• Material supplied:
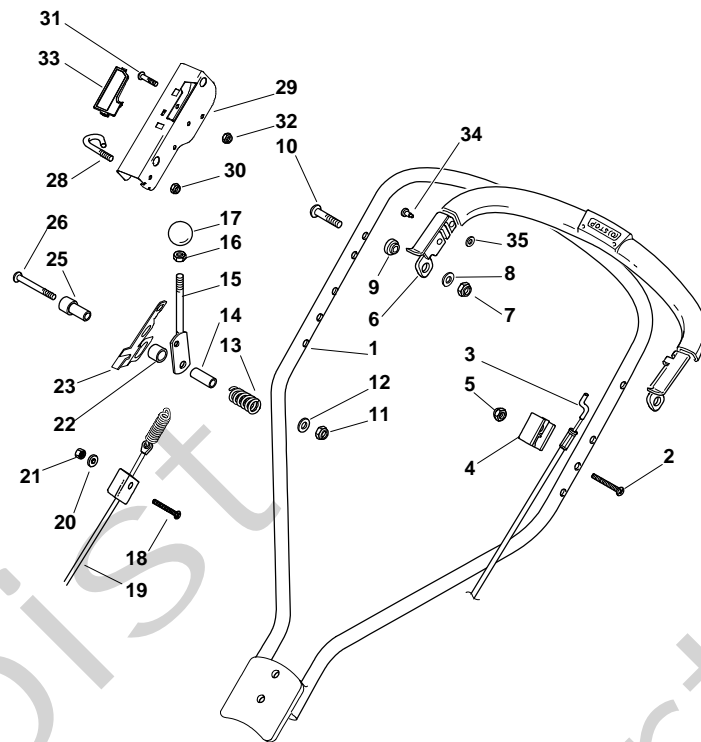

Pos. Fig.	Antal Quantity	Art No Part No	Benämning	Description	Anmärkning Notes
1	1	81006363/1	Styre-överdel	Handle, Upper Part Yellow	
1	1	81006367/0	Styre-överdel	Handle, Upper Part, Black	
2	1	12727783/0	Skruv	Screw	
3	1	81000692/0	Motorbromswire	Cable, Thread Motor Brake	(Ggp 196cc)
3	1	81000692/0	Motorbromswire	Cable, Thread Motor Brake	(Ggp 160cc)
3	1	81000692/0	Motorbromswire	Cable, Thread Motor Brake	
3	1	81000728/0	Motorbromswire	Cable, Thread Engine Brake	
3	1	81000728/0	Motorbromswire	Cable, Thread Engine Brake	(B&S 625-675-700 Series)
3	1	81000732/0	Motorbromswire	Cable, Thread Engine Brake	
3	1	81000732/0	Motorbromswire	Cable, Thread Engine Brake	(Honda 160-190 Autochoke)
4	1	22551640/0	Wirefäste	Plate	
5	1	12154510/0	Mutter	Nut	
6	1	81003318/1	Reglagebygel	Lever, Engine Brake	
7	2	12154510/0	Mutter	Nut	
8	2	12521330/0	Bricka	Washer	
9	2	22671660/1	Bricka	Washer	
10	2	12727784/0	Skruv	Screw	
11	1	12292100/0	Mutter	Nut	
12	1	12530060/0	Bricka	Elastic Washer	
13	1	22450446/0	Fjäder	Spring	
14	1	22170840/0	Distans	Spacer	
15	1	81003313/0	Spak	Lever, Driving	
16	1	12293200/0	Mutter	Nut	
17	1	22399812/0	Knopp	Knob	
18	1	12727791/0	Skruv	Screw	
19	1	381000746/1	Kopplingswire	Cable, Rear Drive	
20	1	12521330/0	Bricka	Washer	
21	1	12154510/0	Mutter	Nut	
22	1	22170843/0	Distans	Spacer	
23	1	22551653/0	Platta	Plate	
25	1	22170842/0	Distans	Spacer

• Description of the task:
An exact copy of all the lines above is required, with the pictures removed.

• Response for this exercise:
Pos. Fig.	Antal Quantity	Art No Part No	Benämning	Description	Anmärkning Notes
1	1	81006363/1	Styre-överdel	Handle, Upper Part Yellow	
1	1	81006367/0	Styre-överdel	Handle, Upper Part, Black	
2	1	12727783/0	Skruv	Screw	
3	1	81000692/0	Motorbromswire	Cable, Thread Motor Brake	(Ggp 196cc)
3	1	81000692/0	Motorbromswire	Cable, Thread Motor Brake	(Ggp 160cc)
3	1	81000692/0	Motorbromswire	Cable, Thread Motor Brake	
3	1	81000728/0	Motorbromswire	Cable, Thread Engine Brake	
3	1	81000728/0	Motorbromswire	Cable, Thread Engine Brake	(B&S 625-675-700 Series)
3	1	81000732/0	Motorbromswire	Cable, Thread Engine Brake	
3	1	81000732/0	Motorbromswire	Cable, Thread Engine Brake	(Honda 160-190 Autochoke)
4	1	22551640/0	Wirefäste	Plate	
5	1	12154510/0	Mutter	Nut	
6	1	81003318/1	Reglagebygel	Lever, Engine Brake	
7	2	12154510/0	Mutter	Nut	
8	2	12521330/0	Bricka	Washer	
9	2	22671660/1	Bricka	Washer	
10	2	12727784/0	Skruv	Screw	
11	1	12292100/0	Mutter	Nut	
12	1	12530060/0	Bricka	Elastic Washer	
13	1	22450446/0	Fjäder	Spring	
14	1	22170840/0	Distans	Spacer	
15	1	81003313/0	Spak	Lever, Driving	
16	1	12293200/0	Mutter	Nut	
17	1	22399812/0	Knopp	Knob	
18	1	12727791/0	Skruv	Screw	
19	1	381000746/1	Kopplingswire	Cable, Rear Drive	
20	1	12521330/0	Bricka	Washer	
21	1	12154510/0	Mutter	Nut	
22	1	22170843/0	Distans	Spacer	
23	1	22551653/0	Platta	Plate	
25	1	22170842/0	Distans	Spacer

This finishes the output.